(Stored items from a collection)
BEGIN

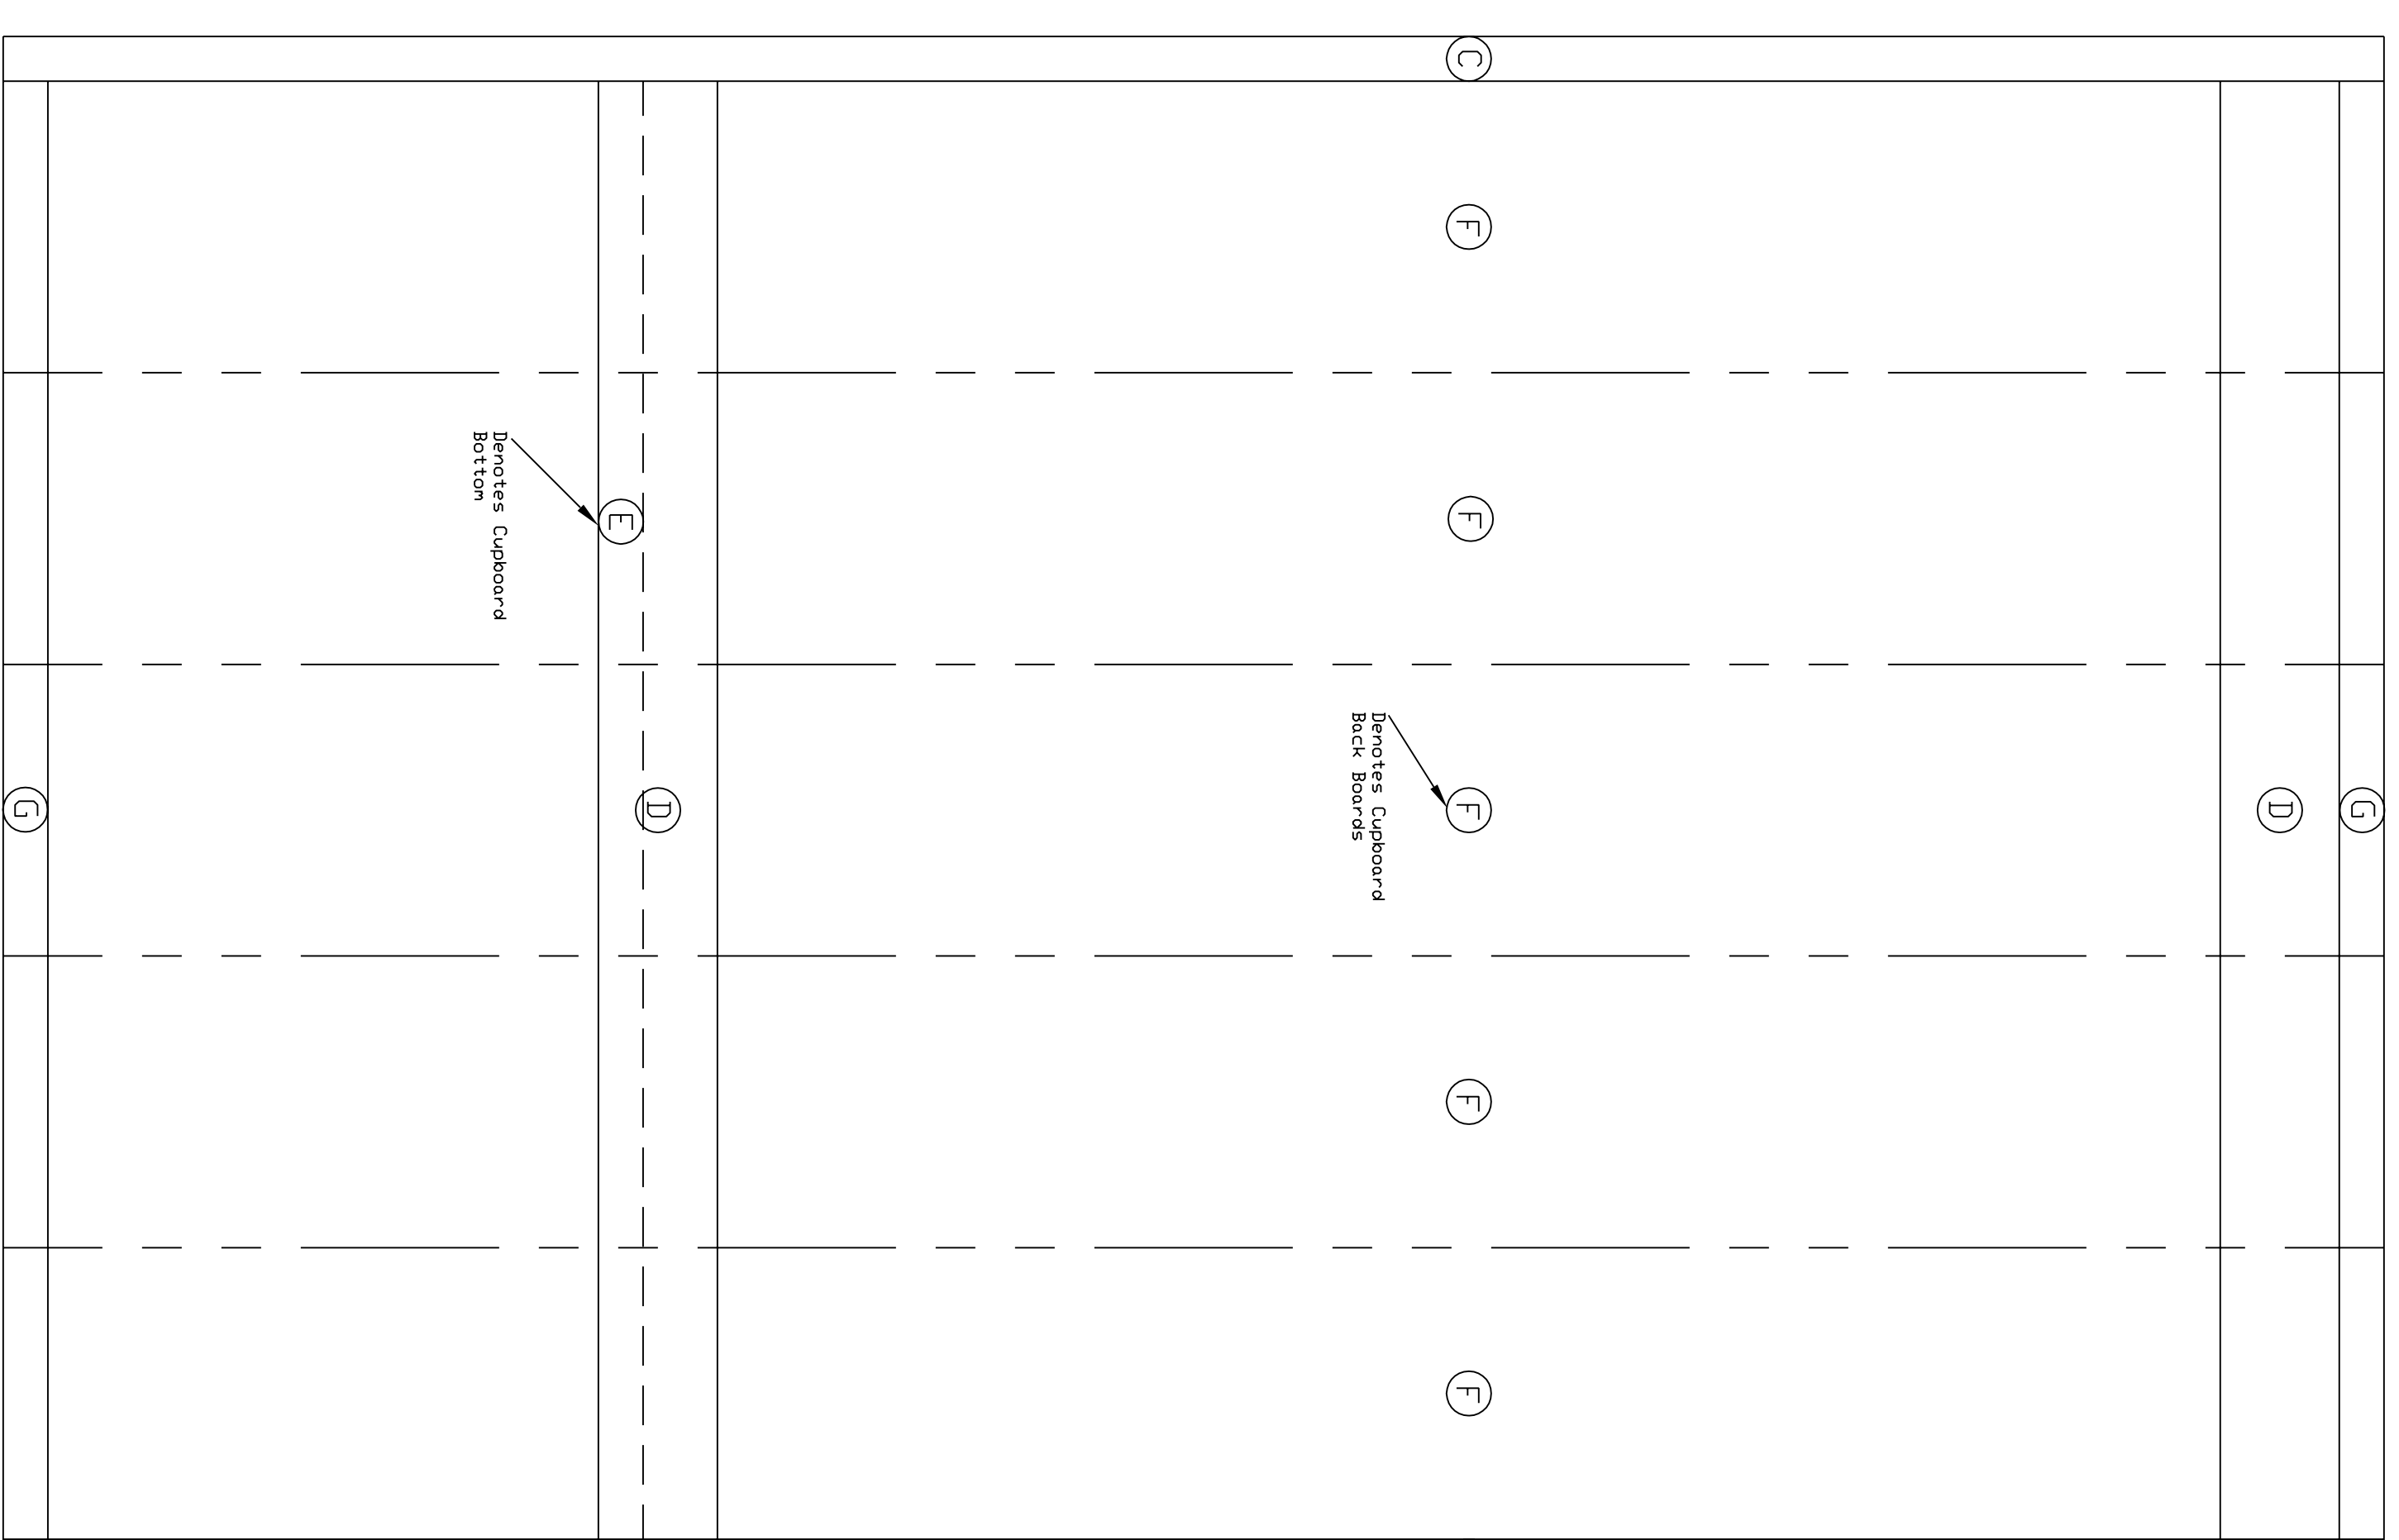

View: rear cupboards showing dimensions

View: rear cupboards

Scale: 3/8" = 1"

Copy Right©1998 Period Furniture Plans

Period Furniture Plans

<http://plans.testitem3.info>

END
BEGIN

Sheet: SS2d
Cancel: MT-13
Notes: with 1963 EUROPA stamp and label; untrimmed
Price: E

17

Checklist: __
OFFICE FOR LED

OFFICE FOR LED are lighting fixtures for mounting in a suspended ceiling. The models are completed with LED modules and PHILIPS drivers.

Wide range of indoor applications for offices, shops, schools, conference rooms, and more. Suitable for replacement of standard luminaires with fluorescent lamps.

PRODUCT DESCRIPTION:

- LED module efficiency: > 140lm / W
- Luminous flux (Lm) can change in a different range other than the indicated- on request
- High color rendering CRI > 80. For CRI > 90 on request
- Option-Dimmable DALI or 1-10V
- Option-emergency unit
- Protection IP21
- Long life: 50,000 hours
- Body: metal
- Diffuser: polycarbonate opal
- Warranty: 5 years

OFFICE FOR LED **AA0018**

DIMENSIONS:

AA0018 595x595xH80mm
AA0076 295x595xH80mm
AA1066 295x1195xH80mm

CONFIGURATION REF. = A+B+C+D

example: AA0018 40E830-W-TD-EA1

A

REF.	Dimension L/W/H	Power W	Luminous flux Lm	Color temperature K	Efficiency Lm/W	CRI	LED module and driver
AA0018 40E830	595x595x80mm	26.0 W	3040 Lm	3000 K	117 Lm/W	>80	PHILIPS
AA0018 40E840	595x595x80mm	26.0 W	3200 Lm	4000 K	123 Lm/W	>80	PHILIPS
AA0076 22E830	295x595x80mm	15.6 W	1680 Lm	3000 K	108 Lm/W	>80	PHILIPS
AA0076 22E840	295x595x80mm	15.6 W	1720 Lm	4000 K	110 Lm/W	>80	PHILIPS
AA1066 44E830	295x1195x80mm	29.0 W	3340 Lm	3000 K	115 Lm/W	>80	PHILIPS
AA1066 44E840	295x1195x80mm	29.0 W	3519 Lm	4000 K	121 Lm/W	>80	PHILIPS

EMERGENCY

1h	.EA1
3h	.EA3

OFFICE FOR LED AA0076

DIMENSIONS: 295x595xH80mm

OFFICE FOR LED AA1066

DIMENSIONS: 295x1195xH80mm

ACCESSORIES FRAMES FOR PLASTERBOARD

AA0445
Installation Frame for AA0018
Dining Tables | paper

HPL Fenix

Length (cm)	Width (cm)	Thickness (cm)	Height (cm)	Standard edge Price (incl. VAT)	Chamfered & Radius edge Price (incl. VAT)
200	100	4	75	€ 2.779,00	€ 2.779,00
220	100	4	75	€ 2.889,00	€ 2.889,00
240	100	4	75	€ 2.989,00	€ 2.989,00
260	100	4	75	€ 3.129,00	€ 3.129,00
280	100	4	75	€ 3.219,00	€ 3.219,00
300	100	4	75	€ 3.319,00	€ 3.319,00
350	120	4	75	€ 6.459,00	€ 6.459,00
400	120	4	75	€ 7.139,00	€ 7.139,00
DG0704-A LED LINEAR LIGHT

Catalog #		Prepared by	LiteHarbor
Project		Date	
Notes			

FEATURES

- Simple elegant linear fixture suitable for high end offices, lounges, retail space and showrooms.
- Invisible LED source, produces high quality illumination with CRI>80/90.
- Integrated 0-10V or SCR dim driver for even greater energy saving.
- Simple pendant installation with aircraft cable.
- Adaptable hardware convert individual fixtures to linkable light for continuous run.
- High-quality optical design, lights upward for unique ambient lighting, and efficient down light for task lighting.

END

__Brief__
Each line of the data in which the string "View" appears needs to be copied.

__Answer box__
View: rear cupboards showing dimensions
View: rear cupboards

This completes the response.